__Aim of the exercise__: Starting at the line that contains "CRI: >90 CRI" and stopping after the last line, set down the listing exactly as it is. Add nothing.

__The records__:
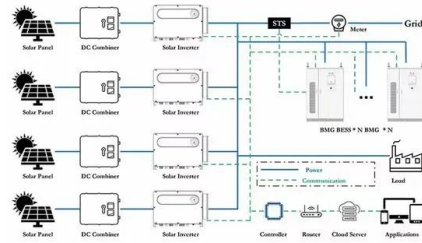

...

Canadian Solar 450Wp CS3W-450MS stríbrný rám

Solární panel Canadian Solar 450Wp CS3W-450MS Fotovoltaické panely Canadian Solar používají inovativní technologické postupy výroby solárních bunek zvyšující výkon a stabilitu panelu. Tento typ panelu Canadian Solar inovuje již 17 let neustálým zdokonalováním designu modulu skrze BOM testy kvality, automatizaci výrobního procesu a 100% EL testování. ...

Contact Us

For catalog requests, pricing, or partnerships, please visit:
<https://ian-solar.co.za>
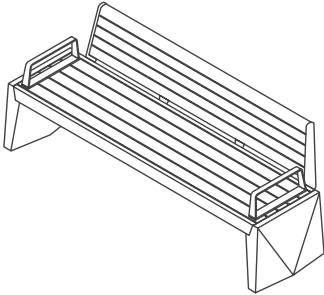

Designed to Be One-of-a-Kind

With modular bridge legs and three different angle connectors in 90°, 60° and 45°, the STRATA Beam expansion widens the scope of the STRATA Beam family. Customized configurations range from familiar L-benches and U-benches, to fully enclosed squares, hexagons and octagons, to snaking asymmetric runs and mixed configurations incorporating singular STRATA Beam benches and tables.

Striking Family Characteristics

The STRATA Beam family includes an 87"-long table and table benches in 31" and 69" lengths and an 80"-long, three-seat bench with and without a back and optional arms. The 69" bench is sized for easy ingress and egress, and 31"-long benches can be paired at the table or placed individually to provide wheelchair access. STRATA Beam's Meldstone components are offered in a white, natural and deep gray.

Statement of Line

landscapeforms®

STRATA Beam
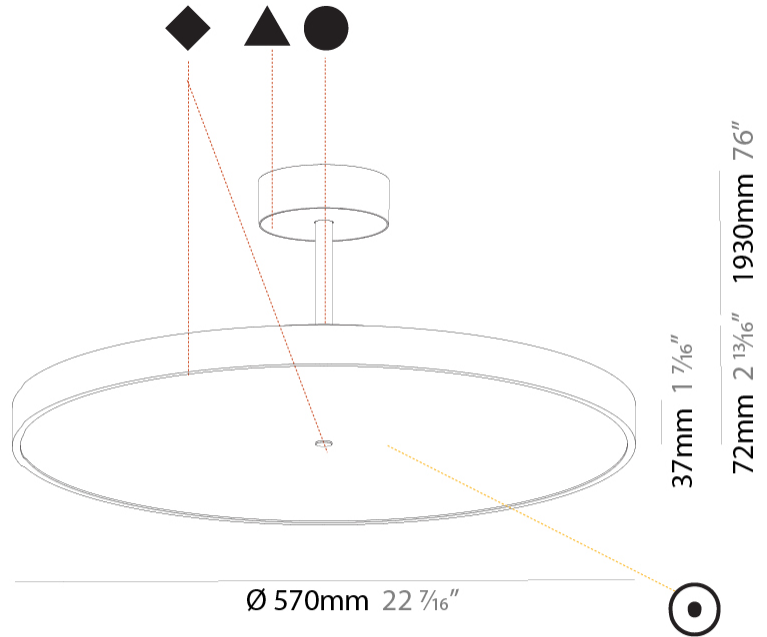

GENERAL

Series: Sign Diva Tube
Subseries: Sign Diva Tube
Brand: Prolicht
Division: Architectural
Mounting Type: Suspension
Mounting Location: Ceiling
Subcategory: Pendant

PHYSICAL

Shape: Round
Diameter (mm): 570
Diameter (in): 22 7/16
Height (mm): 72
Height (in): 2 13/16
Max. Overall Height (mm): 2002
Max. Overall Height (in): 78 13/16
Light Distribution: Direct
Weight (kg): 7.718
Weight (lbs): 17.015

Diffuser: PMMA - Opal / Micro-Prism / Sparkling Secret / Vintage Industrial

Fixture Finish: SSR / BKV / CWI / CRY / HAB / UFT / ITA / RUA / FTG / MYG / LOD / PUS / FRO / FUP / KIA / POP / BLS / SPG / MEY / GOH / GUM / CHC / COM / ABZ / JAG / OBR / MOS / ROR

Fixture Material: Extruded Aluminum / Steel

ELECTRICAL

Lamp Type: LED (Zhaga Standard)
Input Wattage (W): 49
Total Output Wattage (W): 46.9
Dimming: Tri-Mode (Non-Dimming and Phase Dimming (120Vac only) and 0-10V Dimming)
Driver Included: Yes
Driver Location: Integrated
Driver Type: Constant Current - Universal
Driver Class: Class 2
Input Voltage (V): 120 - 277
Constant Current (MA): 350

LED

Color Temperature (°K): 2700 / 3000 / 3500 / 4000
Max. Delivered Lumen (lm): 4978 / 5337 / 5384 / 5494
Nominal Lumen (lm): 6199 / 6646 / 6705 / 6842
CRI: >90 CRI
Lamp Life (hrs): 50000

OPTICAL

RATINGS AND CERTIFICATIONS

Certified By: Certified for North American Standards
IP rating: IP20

__Response for this exercise__:
CRI: >90 CRI
Lamp Life (hrs): 50000

OPTICAL

RATINGS AND CERTIFICATIONS

Certified By: Certified for North American Standards
IP rating: IP20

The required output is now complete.